Could you please include it in -mm ?

Thanks,
Badari

register_memory()/unregister_memory() never gets called with
"root". unregister_memory() is accessing kobject_name of
the object just freed up. Since no one uses the code,
lets take the code out. And also, make register_memory() static.  

Another bug fix - before calling unregister_memory()
remove_memory_block() gets a ref on kobject. unregister_memory()
need to drop that ref before calling sysdev_unregister().

Signed-off-by: Badari Pulavarty <pbadari@us.ibm.com>
---
 drivers/base/memory.c |   22 +++++++---------------
 1 file changed, 7 insertions(+), 15 deletions(-)

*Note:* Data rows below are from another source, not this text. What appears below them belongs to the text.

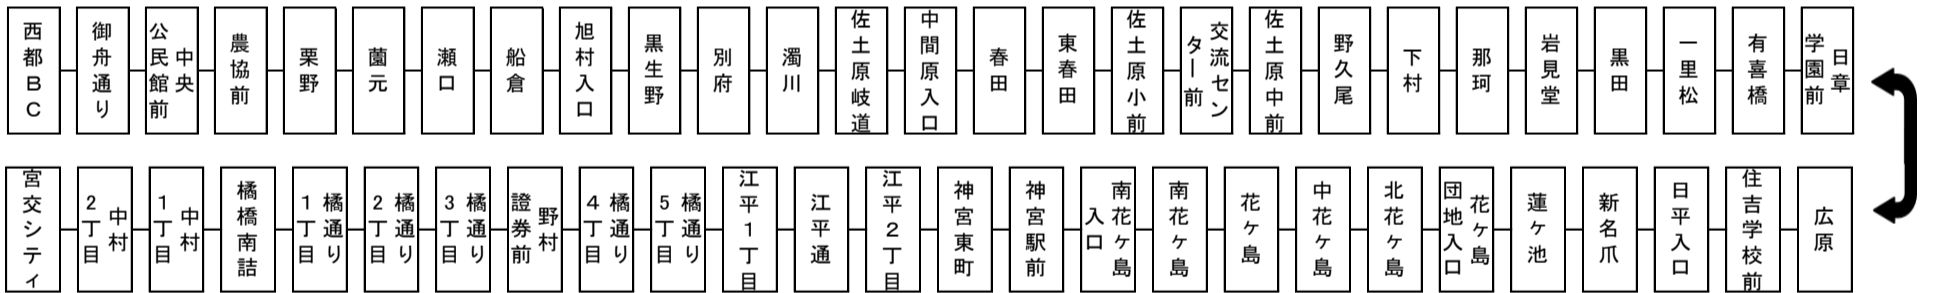

月曜日～金曜日ダイヤ

Table with columns for start location, stop, and arrival time. Includes routes to 西都BC, 宮交シティ, and various hospital/college routes.

月曜日～金曜日ダイヤ

Table with columns for start location, stop, and arrival time. Includes routes to 西都BC, 宮交シティ, and various hospital/college routes.

高速道路経由 西都BC-宮崎空港

月曜日～金曜日ダイヤ

Table showing times for routes between 西都BC, 宮交シティ, and 宮崎空港 via expressways.

宮交シティ～西都BC～西都原考古博物館～西都BC

月曜日～金曜日ダイヤ

Table showing times for routes between 宮交シティ, 西都BC, and 西都原考古博物館.

※この時刻は、主な停留所の時刻を記載しております。各停留所の時刻については、「宮崎交通のホームページ」で検索、または、お客様案内センターTEL0985-32-0718 9:00～18:00(土日祝休み)までお問い合わせ下さい。

路線図一覧

(注)西都行き(反対側)のバス停は、野村證券前⇒宮交橋通支店前で。

宮交シティ以降

◆国立東病院行き

Table listing stops for the route to 国立東病院 from 宮交シティ.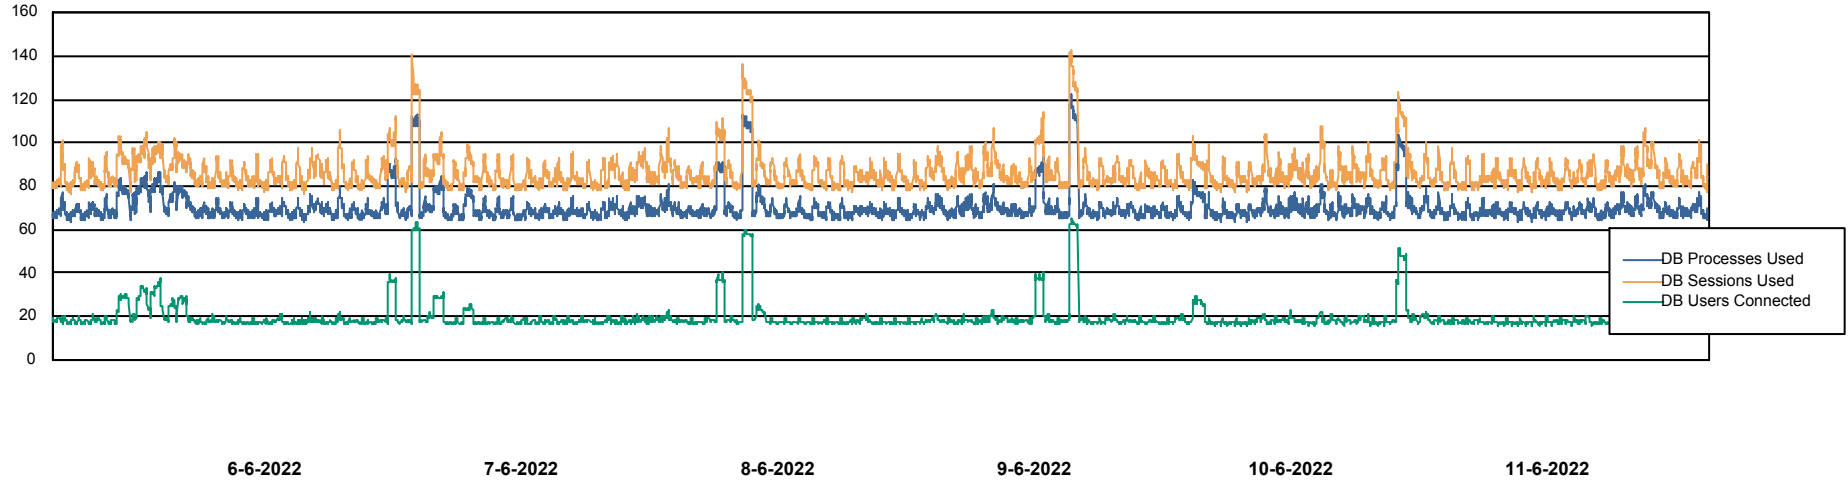

Database Performance NIXDB_BI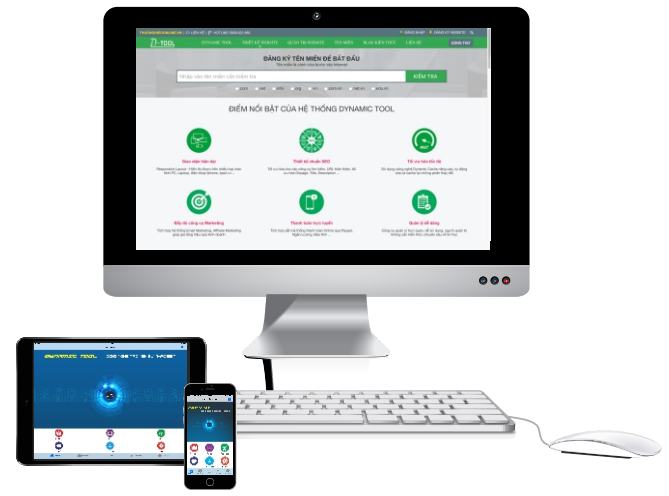

05

HỖ TRỢ

- + Hỗ trợ kỹ thuật vĩnh viễn khi khách hàng đặt hosting tại D-Tool
- + Hỗ trợ khách hàng Online: www.support.thuonghieonline.vn

D-TOOL
DYNAMIC TOOL

DYNAMIC TOOL

CÔNG NGHỆ TẠO NÊN SỰ KHÁC BIỆT

MẠNG TRUYỀN THÔNG THƯƠNG HIỆU ONLINE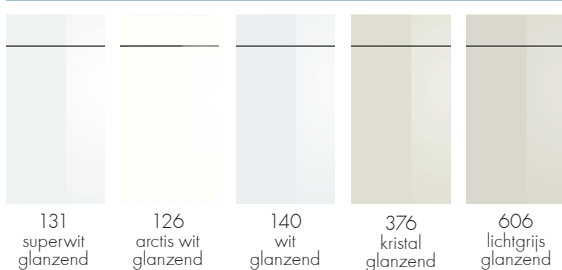

PG 4 LH P Y X Rndom hoogglans PUR-lak op MDF: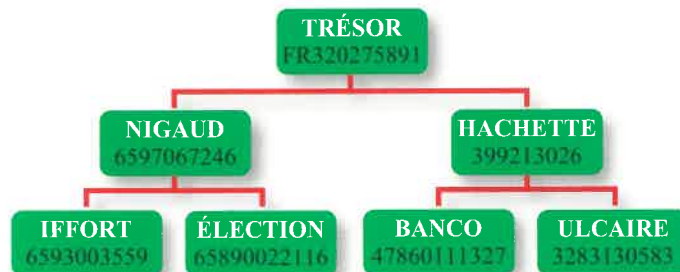

Trésor

Mixte

Alger Meekma

Numéro :	FR3202758971
Code I.E :	79/78327
Date de naissance :	7 janvier 2002
Naisseur :	Earl Paul Messegue Lieu-dit "Roville" 32480 ST MARTIN DE GOYNE
Éleveur :	Scea des Côteaux M. L'Hullier - 9, rue Grande rue 55260 COURCELLES

PRODUCTION

Les vèlages sont faciles et TRÉSOR donne principalement des taurillons de classe E. Les veaux ont un fort potentiel de croissance. Ses filles sont très complètes en morphologie et sont d'excellentes mères. À utiliser sans modération sur des vaches plutôt colorées.

Glamour de Colona de l'élevage Leonie et Georg Kellerwessel - 50765 Köln - Allemagne

Pointages sur descendance minimum 100 produits		-	-	+	+	+
		2	1	1	2	3
D	Dessus d'épaule					
	Largeur du dos					
	Épaisseur de dessus					
M	Arrondi de culotte					
	Largeur de culotte					
	Longueur de culotte					
D	Longueur de dessus					
	Longueur du bassin					
	Largeur aux hanches					
	Développement					
	Larg. aux trochanters					
S	Prof. poitrine					
	Largeur de poitrine					
	Expression tête					
Q	Finesse ossature					
	Finesse de cuir					
	Couleur de robe					
A	Facilité naissance					
	Aplomb					
	Aptitude au vèlage					
	Production laitière					
	Fertilité					

IFNais
97

CRsev
117

DMsev
93

DSsev
103

Isev
112

Avel
99

Élevage Scea des Côteaux - M. L'hullier
55260 Courcelles

Élevage Earl Iribarnia - Maison Iribarnia
64640 Saint Martin d'Arberoue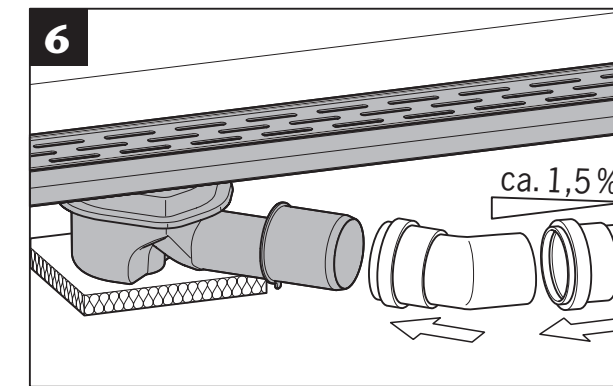

www.acorussia.ru

ACO ShowerDrain B

Инструкция по монтажу
душевого канала
ACO ShowerDrain B

DE < 6 Monate FR < 6 mois HU < 6 hónapban NO < 6 måned
 EN < 6 months CZ < 6 měsíců PL < 6 miesięcy

DE Verbundabdichtung FR Composé étanchéité
 EN Compound sealing CZ Těsnicí hmota

Index: linux-2.6.24/drivers/base/memory.c
===================================================================
--- linux-2.6.24.orig/drivers/base/memory.c	2008-02-07 16:59:52.000000000 -0800
+++ linux-2.6.24/drivers/base/memory.c	2008-02-08 15:54:45.000000000 -0800
@@ -62,8 +62,8 @@ void unregister_memory_notifier(struct n
 /*
  * register_memory - Setup a sysfs device for a memory block
  */
-int register_memory(struct memory_block *memory, struct mem_section *section,
-		struct node *root)
+static
+int register_memory(struct memory_block *memory, struct mem_section *section)
 {
 	int error;
 
@@ -71,26 +71,18 @@ int register_memory(struct memory_block 
 	memory->sysdev.id = __section_nr(section);
 
 	error = sysdev_register(&memory->sysdev);
-
-	if (root && !error)
-		error = sysfs_create_link(&root->sysdev.kobj,
-					  &memory->sysdev.kobj,
-					  kobject_name(&memory->sysdev.kobj));
-
 	return error;
 }
 
 static void
-unregister_memory(struct memory_block *memory, struct mem_section *section,
-		struct node ...
From: Greg KH
Date: Monday, February 11, 2008 - 10:54 am

Want me to add this to my tree and send it in my next update for the
driver core to Linus?

I'll be glad to do that.

thanks,

greg k-h
--

From: Badari Pulavarty
Date: Monday, February 11, 2008 - 11:05 am

Please do. Only reason I wanted to push through -mm is, I didn't
test this with mainline (since I have patches in -mm for hotplug 
memory remove).

Thanks,
Badari

--

From: Andrew Morton
Date: Monday, February 11, 2008 - 12:48 pm

On Mon, 11 Feb 2008 09:23:18 -0800


is rather tame.  These are more than cleanups!  These sound like
machine-crashing bugs.  Do they crash machines?  How come nobody noticed
it?

All very strange...


--

From: Greg KH
Date: Monday, February 11, 2008 - 1:35 pm

No one has ever run the 'remove memory' codepath before, that's why they
were never seen before :)

thanks,

greg k-h
--

From: Badari Pulavarty
Date: Monday, February 11, 2008 - 2:32 pm

No they don't crash machine - mainly because, they never get called
with "root" argument (where we have the bug). They were never tested
before, since we don't have memory remove work yet. All it does
is, it leave /sysfs directory laying around and causing next
memory add failure. 

Thanks,
Badari

--

From: Yasunori Goto
Date: Tuesday, February 12, 2008 - 1:06 am

Badari-san.

Which function does call unregister_memory() or unregister_memory_section()?
I can't find its caller in current 2.6.24-mm1.


???????()
  |
  |nothing calls?
  |
  +-->unregister_memory_section()
       |
       |call
       |
       +---> remove_memory_block()
              |
              |call
              |
              +----> unregister_memory()

unregister_memory_section() is only externed in linux/memory.h.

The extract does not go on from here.